Your assignment:
Find the string "height" in the records. Copy each line that has it.

Records to process:

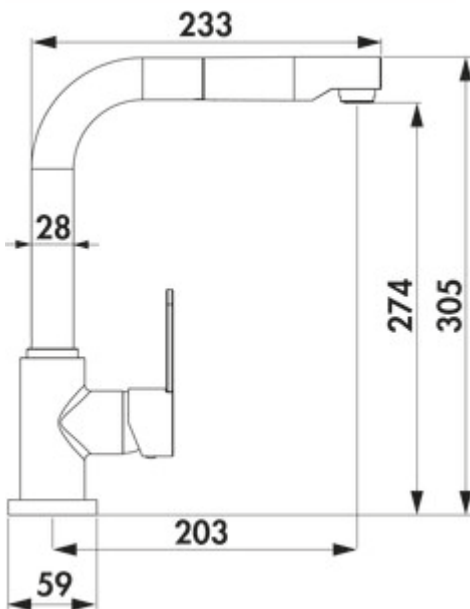

— swivel range 360°

— drill Ø 35 mm

— corresponds to the German and European drinking water regulation/directive

BELGAQUA

MADE IN GERMANY

KERAMISCHE DICHTUNG

[more infos...](#)

Technical data

Article type	Sink faucet	Type of fitting	Single lever faucet
Brand	Wasserwerk	Operating pressure	high pressure
Number of handles	1	Width	59 mm
Total installation height	305 mm	Material	brass
Outreach	203 mm	Number of tap holes	1
Outlet	with swivelling/pull-out	Hoses preassembled	Yes
Discharge height	274 mm	ECO function	energy-saving cold start function
Operating mode	Lever	Temperature limiter/scald protection	scald protection
Drilling diameter	35 mm	Minimum distance wall to centre tap hole	0 mm
Handle position	side lever	Anti-limestone jet regulator	Yes
Cartridge with ceramic sealing discs	Yes	Aerated aerator	Yes
Swivel range outlet	360°	Max. Flow rate at 3 bar	9,3 l/min
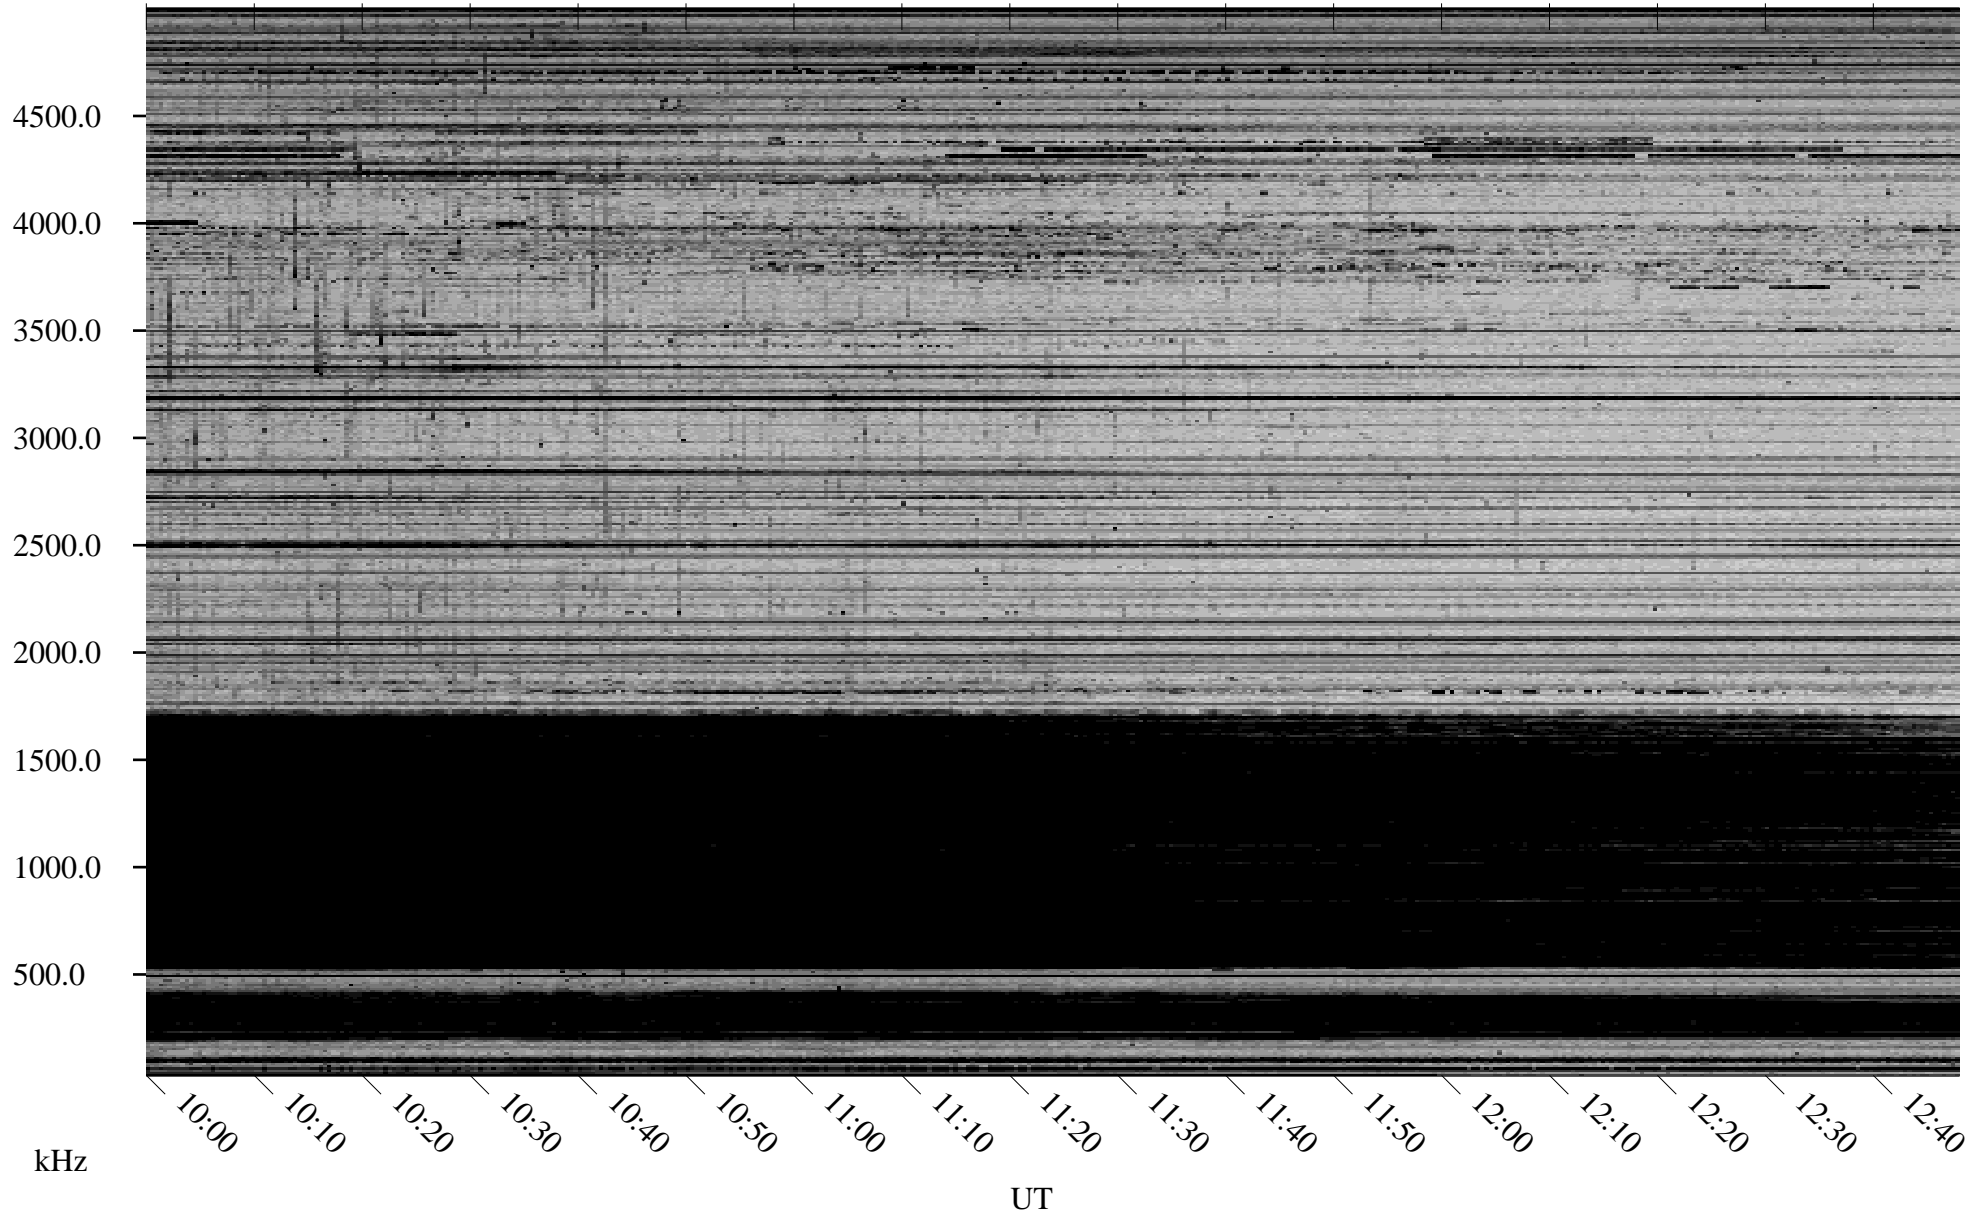

02/20/2007 Churchill, Manitoba

Linear Scale Black = 161 White = 15

CH07050L.R00m max_12

Page 3

02/20/2007 Churchill, Manitoba

Linear Scale Black = 161 White = 15

CH07050L.R00m max_12

Page 4

02/20/2007 Churchill, Manitoba

Linear Scale Black = 161 White = 15

CH07050L.R00m max_12

Page 5

02/20/2007 Churchill, Manitoba

Linear Scale Black = 161 White = 15

CH07050L.R00m max_12

Page 6

02/20/2007 Churchill, Manitoba

Linear Scale Black = 161 White = 15

CH07050L.R00m max_12

Page 7

02/20/2007 Churchill, Manitoba

Linear Scale Black = 161 White = 15

CH07050L.R00m max_12

Page 8

Exercise response:
Total installation height	305 mm	Material	brass
Discharge height	274 mm	ECO function	energy-saving cold start function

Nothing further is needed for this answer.